Exercise requirements
Tally every line in the data that has the word "scenarios" and report only the total.
·····
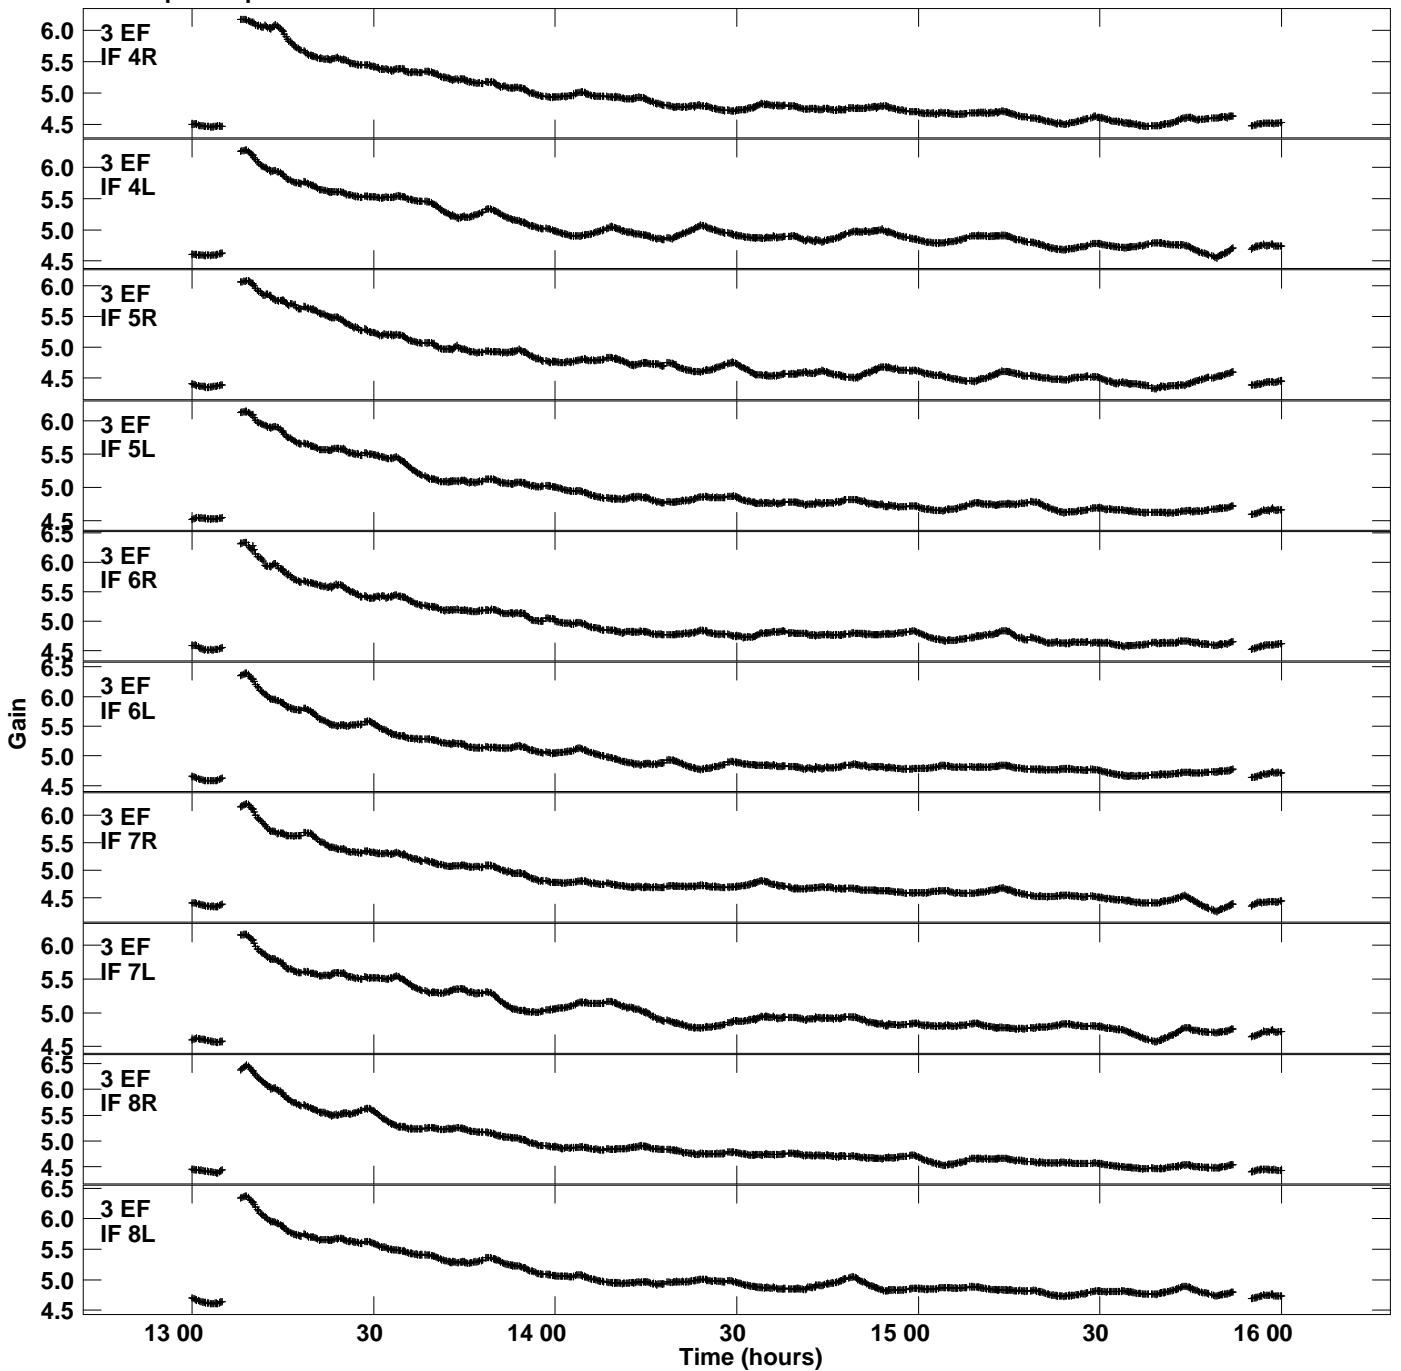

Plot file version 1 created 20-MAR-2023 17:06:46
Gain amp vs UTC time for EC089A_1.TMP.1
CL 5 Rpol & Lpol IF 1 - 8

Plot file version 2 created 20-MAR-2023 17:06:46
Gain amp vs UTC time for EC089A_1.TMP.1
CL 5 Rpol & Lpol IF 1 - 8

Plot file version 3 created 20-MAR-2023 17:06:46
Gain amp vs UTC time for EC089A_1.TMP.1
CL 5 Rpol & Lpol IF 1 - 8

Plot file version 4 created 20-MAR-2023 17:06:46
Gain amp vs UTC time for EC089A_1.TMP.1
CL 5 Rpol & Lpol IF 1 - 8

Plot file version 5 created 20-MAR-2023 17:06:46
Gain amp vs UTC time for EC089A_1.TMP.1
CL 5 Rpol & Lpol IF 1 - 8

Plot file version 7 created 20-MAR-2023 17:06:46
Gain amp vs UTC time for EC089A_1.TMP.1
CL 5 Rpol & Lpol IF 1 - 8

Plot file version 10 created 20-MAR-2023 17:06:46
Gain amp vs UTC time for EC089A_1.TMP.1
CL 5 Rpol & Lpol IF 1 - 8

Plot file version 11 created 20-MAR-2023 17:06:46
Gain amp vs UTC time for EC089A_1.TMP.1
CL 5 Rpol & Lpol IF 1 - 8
·····
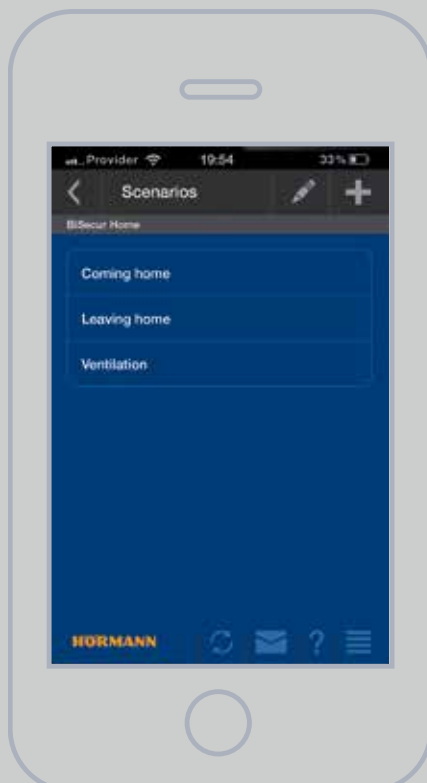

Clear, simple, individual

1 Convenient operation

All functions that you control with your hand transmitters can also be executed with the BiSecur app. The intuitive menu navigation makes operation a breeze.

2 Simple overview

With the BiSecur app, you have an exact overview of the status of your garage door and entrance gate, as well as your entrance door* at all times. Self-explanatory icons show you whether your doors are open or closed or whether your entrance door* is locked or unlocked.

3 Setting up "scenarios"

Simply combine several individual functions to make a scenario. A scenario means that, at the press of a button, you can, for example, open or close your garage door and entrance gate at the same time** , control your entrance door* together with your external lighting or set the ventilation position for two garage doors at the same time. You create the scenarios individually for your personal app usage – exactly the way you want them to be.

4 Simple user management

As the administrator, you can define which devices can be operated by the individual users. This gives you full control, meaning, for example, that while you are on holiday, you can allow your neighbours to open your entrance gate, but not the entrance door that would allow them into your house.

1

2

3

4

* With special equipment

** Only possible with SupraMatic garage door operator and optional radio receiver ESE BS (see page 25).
·····
Final answer
2